Review: MISS PEREGRINE'S HOME FOR PECULIAR CHILDREN Is Dark, Beautiful, and Quirky
Miss Peregrine’s Home for Peculiar Children is the latest film from director Tim Burton, based on the popular young adult novel of the same name by Ransom Riggs. Having never read the book, I wasn’t sure what to expect, but being a big fan of Burton, I was excited to move past the whole Alice in Wonderland fiasco. The fantastic cast was also a big draw: Eva Green, Asa Butterfield, Samuel L. Jackson, Judy Dench, Chris O’Dowd, Rupert Everett, Terence Stamp, and Allison Janney, just to name a few of the awesome actors in this film.
Jacob Portman (Butterfield) is the classic teenage nobody living in boring old Florida, working in a grocery store and generally being ignored by his more popular peers.
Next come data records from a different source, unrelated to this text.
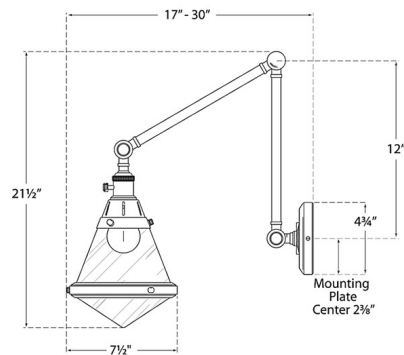

### Description

The Gale Swing Arm Plug-in Wall Sconce adds a midcentury modern look to your interior space. The bold design has rivet details, an arm that adjusts outward, and glass to cast warm light where you want it. On/Off switch is located on the lamp socket. Includes matching cord cover.

### Specifications

COLOR . . . . . Seeded Glass  
BODY FINISH . . . . . Bronze  
WATTAGE . . . . . 60W  
DIMMER . . . . . Standard 120V  
DIMENSIONS . . . . . 7.5"W x 21.5"H x 30"D  
BULB NOT INCLUDED . . . . . 1 x A19/Medium (E26)/60W/120V Incandescent  
OTHER BULB OPTIONS . . . . . 1 x A19/Medium (E26)/120V LED

He grew up listening to his grandfather (Stamp) tell stories about a home for special children where he lived during World War II; stories so fantastic that Jake was convinced they were fictitious until tragedy strikes and Jake ventures to Wales in search of this home and its mysterious caretaker, Miss Peregrine ( Green) to get answers. There, he meets children with unusual and—dare I say—peculiar abilities and discovers he too possesses special abilities inherited from his grandfather that he will need to use to help save these children.
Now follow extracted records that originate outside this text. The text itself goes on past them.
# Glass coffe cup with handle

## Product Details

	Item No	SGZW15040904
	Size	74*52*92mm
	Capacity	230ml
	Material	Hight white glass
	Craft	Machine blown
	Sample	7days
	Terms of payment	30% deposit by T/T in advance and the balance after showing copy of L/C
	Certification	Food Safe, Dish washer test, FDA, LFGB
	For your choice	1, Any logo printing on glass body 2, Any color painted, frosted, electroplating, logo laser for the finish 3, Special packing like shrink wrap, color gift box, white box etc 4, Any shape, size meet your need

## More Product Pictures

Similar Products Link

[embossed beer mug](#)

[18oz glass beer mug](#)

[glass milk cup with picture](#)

Miss Peregrine's Home for Peculiar Children is classic Burton: whimsical story with youthful fantasy and a dark, disturbing twist. The visual elements in this film are nothing short of stunning, as are the costumes, hair, and makeup. There’s even a macabre stop-motion sequence that will make even the most lukewarm Burton fan giddy with nostalgia. However, this film is far from perfect.
As is the case with any book-turned-movie, there is obviously a lot of depth to this story that the movie had to leave out due to time constraints. As a result, the plot is awkward and over-simplified, glossing over intricate nuances of the story with cliche dialogue. This is probably even more apparent to someone who has read the book. It feels a lot like a movie made for children, but at the same time, there was some pretty dark content probably not suitable for a young audience, hence the PG-13 rating. I’m still not sure who the target audience for this film is: very brave children or very childish adults?
I’m not saying I didn’t enjoy this film, because I did. (Childish adult, right here.) Die-hard Burton fans will be able to overlook this film’s flaws and appreciate the dark, beautiful, and sometimes quirky style he brings to the table. My biggest problem with this film, however, is that our beloved Danny Elfman was glaringly absent from the musical score.